Effects of a methamphetamine vaccine, IXT-v100, on methamphetamine-related behaviors

  • Courtney M KellerEmail author
  • Allyson L Spence
  • Misty W Stevens
  • S. Michael Owens
  • Glenn F Guerin
  • Nicholas E Goeders
Original Investigation



Vaccines have been developed as a potential treatment for methamphetamine (meth) use disorder (MUD). Immunization with the meth vaccine IXT-v100 has previously been shown to elicit antibodies with high affinity for meth and thus may be an effective treatment for MUD.
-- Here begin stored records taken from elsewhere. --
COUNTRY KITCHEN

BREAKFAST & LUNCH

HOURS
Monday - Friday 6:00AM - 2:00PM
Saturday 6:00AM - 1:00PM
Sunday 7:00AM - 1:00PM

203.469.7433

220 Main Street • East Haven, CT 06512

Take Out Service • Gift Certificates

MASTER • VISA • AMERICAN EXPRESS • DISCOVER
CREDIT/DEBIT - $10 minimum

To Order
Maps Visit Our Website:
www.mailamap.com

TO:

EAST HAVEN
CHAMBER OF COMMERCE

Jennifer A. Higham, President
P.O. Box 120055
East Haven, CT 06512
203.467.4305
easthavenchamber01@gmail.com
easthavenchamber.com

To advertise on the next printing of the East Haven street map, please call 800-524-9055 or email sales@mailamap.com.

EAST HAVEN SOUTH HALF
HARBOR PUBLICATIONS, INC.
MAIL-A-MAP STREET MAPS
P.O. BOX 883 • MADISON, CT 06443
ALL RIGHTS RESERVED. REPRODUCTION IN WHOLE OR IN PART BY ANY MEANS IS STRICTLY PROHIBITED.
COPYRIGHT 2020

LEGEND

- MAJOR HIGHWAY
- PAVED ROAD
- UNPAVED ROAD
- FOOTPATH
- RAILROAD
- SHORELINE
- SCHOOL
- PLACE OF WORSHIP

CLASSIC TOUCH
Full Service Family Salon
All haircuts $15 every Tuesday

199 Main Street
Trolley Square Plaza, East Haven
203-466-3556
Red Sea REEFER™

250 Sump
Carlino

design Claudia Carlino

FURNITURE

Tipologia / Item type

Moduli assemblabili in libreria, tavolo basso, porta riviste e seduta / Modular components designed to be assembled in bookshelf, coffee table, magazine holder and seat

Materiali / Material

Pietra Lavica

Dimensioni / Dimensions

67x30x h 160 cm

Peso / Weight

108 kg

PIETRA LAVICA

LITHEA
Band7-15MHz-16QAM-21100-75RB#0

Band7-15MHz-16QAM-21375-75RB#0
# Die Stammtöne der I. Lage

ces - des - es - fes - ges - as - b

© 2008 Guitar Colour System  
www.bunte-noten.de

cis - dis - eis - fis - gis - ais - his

These studies were designed to determine the efficacy of IXT-v100 on meth-taking and meth-seeking behaviors in rats.


In the acquisition and maintenance study, male and female rats were trained to self-administer meth (0.06 mg/kg/infusion) over an 8-week period following vaccination. In the last 4 weeks, the dose of meth was increased or decreased each week. To assess meth-seeking behavior, the meth-primed reactivity model was used. Rats were trained to self-administer meth for 5 weeks, followed by a 5-week or 11-week forced abstinence period during which the animals were vaccinated. Rats were then placed back into the self-administration chamber immediately after being injected with meth (1 mg/kg, i.p.) but did not receive meth during the session. Responses were recorded and used as a measure of meth seeking.


Results from the acquisition and maintenance study in Wistar rats show that vaccination with IXT-v100 adjuvanted with glucopyranosyl lipid A stable emulsion decreases the percentage of animals that will self-administer a moderate level of meth. In the meth-primed reactivity studies, results from males showed that vaccination significantly attenuates meth-seeking behavior.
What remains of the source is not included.